SUPPLIED MATERIAL below:

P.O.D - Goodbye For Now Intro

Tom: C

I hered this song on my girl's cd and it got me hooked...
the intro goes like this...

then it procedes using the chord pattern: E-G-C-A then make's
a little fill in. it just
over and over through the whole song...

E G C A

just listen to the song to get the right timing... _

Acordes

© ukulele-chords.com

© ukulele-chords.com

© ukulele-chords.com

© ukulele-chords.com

End of SUPPLIED MATERIAL.
SUPPLIED MATERIAL below:

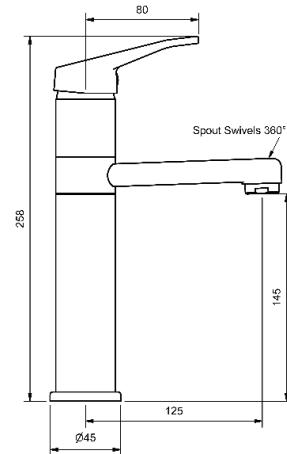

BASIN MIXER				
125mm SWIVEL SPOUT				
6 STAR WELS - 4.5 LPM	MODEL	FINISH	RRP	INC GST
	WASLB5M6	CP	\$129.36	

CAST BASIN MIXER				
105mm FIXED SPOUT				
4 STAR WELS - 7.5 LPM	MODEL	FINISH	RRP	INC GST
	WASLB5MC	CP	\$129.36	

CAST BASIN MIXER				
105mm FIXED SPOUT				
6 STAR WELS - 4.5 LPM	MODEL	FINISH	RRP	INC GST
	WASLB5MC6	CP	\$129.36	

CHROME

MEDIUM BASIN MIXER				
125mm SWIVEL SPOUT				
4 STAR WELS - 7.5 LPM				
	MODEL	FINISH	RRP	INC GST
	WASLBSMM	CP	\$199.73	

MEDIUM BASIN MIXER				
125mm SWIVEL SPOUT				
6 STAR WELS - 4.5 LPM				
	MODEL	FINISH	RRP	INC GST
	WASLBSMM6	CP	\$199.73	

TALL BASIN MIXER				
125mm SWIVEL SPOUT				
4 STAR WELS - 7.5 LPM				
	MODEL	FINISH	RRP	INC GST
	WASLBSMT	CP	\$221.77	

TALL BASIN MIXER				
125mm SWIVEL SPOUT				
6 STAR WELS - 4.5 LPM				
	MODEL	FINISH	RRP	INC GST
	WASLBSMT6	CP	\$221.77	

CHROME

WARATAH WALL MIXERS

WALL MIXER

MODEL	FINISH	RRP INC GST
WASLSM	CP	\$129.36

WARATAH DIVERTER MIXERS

End of SUPPLIED MATERIAL.
SUPPLIED MATERIAL below:

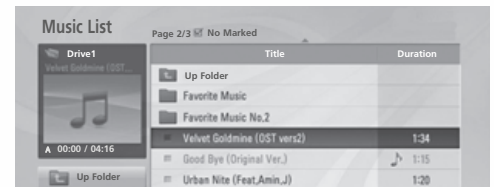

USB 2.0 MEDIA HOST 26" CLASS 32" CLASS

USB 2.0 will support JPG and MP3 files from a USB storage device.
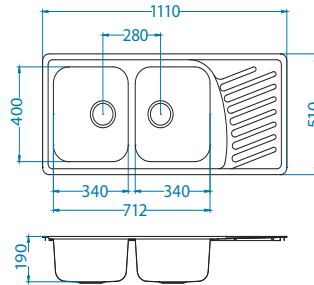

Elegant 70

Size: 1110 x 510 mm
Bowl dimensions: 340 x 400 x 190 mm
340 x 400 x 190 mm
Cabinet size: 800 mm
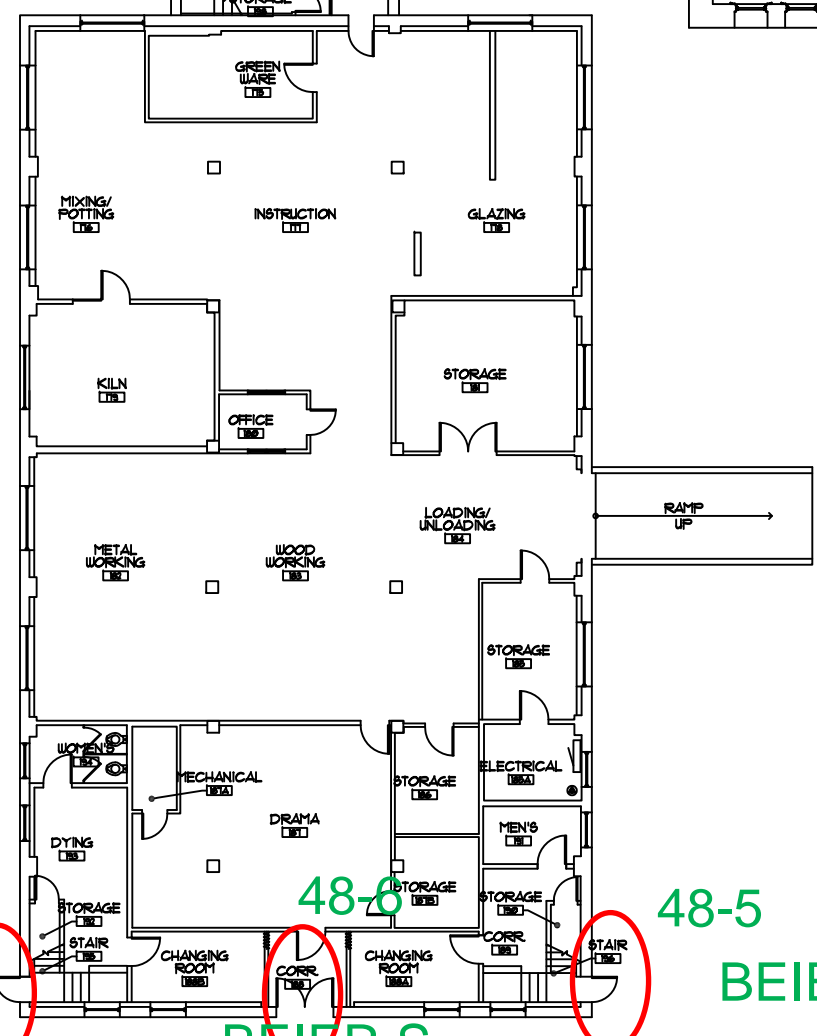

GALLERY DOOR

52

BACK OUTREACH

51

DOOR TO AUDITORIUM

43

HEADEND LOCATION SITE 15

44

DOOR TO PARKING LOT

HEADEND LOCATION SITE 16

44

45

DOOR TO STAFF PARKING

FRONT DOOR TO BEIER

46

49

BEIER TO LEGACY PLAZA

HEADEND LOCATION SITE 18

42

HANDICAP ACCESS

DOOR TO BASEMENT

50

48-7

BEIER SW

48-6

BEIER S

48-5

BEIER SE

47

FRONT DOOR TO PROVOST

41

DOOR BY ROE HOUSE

End of SUPPLIED MATERIAL.

* TASK DETAILS *
Review the entries above and return every line where "SITE" appears.

* ANSWER FOR THIS EXERCISE *
HEADEND LOCATION SITE 15
HEADEND LOCATION SITE 16
HEADEND LOCATION SITE 18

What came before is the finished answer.